Question écrite adressée par Corinne Imbert, sénatrice-Maire de Beauvais-sur-Matha, à Najat Vallaud-Belkacem, ministre de l'Education nationale, de l'enseignement supérieur et de la recherche, concernant le port de signes religieux distinctifs à l'Université.
• Corinne Imbert attire l'attention de Mme la ministre de l'éducation nationale, de l'enseignement supérieur et de la recherche sur le port de signes religieux distinctifs à l'université. La loi n° 2004-228 du 15 mars 2004 interdit tout port de signe ostentatoire au sein des établissements de primaire, des collèges et des lycées, mais aucune restriction n'est liée à l'université. Les étudiants peuvent en effet arborer librement un symbole religieux. En corrélation avec le principe de laïcité, élément fondamental de notre République, elle lui demande si le Gouvernement entend procéder prochainement à l'ouverture d'un débat sur le sujet.
• Réponse de Najat Vallaud-Belkacem, ministre de l'éducation nationale, de l'enseignement supérieur et de la recherche
L'article L. 141-6 du code de l'éducation prévoit que « le service public de l'enseignement supérieur est laïque et indépendant de toute emprise politique, économique, religieuse ou idéologique : il tend à l'objectivité du savoir ; il respecte la diversité des opinions.
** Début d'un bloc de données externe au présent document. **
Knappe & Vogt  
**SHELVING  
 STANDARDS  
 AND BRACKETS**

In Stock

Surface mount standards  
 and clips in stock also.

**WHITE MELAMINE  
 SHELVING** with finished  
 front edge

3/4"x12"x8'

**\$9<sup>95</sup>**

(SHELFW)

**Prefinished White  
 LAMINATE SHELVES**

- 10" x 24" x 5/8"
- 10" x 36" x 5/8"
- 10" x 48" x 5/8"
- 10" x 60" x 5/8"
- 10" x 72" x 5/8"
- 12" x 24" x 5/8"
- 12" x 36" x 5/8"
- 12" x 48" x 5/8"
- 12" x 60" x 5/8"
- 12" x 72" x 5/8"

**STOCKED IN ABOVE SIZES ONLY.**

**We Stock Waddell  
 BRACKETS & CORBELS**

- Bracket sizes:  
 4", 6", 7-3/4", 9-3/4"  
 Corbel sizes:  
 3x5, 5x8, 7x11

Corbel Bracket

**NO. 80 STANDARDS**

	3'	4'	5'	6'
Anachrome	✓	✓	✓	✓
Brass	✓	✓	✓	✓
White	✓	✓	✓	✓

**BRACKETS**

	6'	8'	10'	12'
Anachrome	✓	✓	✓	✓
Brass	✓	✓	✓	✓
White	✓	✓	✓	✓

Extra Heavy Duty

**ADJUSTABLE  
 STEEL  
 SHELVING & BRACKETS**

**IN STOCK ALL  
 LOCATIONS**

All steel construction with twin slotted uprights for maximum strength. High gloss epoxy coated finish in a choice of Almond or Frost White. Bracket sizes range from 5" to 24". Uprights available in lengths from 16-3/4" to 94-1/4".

Il doit garantir à l'enseignement et à la recherche leurs possibilités de libre développement scientifique, créateur et critique ».
Les enseignants et personnels de l'enseignement supérieur sont soumis aux règles de stricte neutralité applicables à tout agent public qui leur imposent de ne pas manifester leurs convictions religieuses dans l'exercice de leurs fonctions. En revanche, les étudiants peuvent porter des signes manifestant leurs convictions religieuses, dans le cadre de la liberté d'information et d'expression qui leur est reconnue par l'article L. 811-1 du code de l'éducation. Cette liberté s'exerce cependant sous réserve de ne porter atteinte ni aux activités d'enseignement et de recherche ni à l'ordre public. Les tenues vestimentaires doivent ainsi être conformes aux règles de sécurité et d'hygiène et être adaptées aux activités suivies, notamment aux activités de travaux pratiques en laboratoire ou aux activités sportives. Le prosélytisme et les troubles à l'ordre public sont interdits. Sur le terrain, la manifestation par les étudiants de leurs convictions religieuses dans les établissements d'enseignement supérieur, indépendamment de quelques cas médiatisés, ne pose pas de véritables difficultés.
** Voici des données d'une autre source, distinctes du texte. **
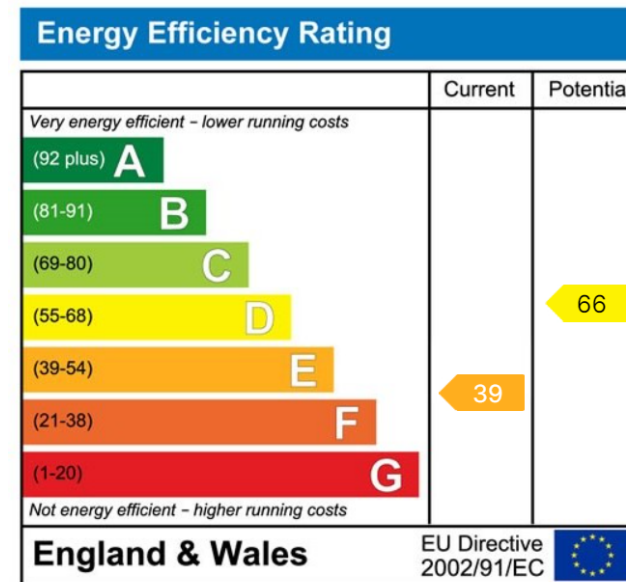

Penbrynuddig, Abererch,
Pwllheli, Gwynedd
LL53 6BZ

www.SusanJones.Cymru
susan@susanjones.cymru
01758 614511 | 07787 124587

Agents Note: Whilst every care has been taken to prepare these sales particulars, they are for guidance purposes only. All measurements are approximate and are for general guidance purposes only and whilst every care has been taken to ensure their accuracy, they should not be relied upon and potential buyers are advised to recheck the measurements

Le cadre légal rappelé ci-dessus donne aux établissements des outils pour régler les situations litigieuses qui pourraient se présenter. La conférence des présidents d'universités (CPU) a d'ailleurs élaboré en 2004 un guide "laïcité et enseignement supérieur" afin d'accompagner les établissements. C'est notamment pour ces raisons qu'en 2003, la commission de réflexion sur l'application du principe de laïcité dans la République, dite commission "Stasi", n'avait pas souhaité étendre à l'enseignement supérieur l'interdiction du port des signes religieux préconisé dans les écoles, collèges et lycées, en estimant notamment que la « situation de l'université, bien que faisant partie intégrante du service public de l'éducation, est tout à fait différente de celle de l'école. Y étudient des personnes majeures. L'université doit être ouverte sur le monde. Il n'est donc pas question d'empêcher que les étudiants puissent y exprimer leurs convictions religieuses, politiques ou philosophiques ». Il convient d'ajouter que l'université a autant besoin de la liberté d'expression, y compris le cas échéant des opinions religieuses, que de dialogue, d'ouverture, d'échange : les postures d'exclusion ou de rejet de l'autre sont contraires à la tradition universitaire. L'émancipation par le savoir et la connaissance est à ce prix. L'interdiction des signes religieux à l'université n'est aujourd'hui réclamée par aucune conférence d'établissements de l'enseignement supérieur. Pour sa part, l'observatoire de la laïcité a prévu d'inscrire la question de la laïcité dans l'enseignement supérieur à son programme de travail du second semestre 2015. L'avis qu'il rendra pourra utilement éclairer le débat.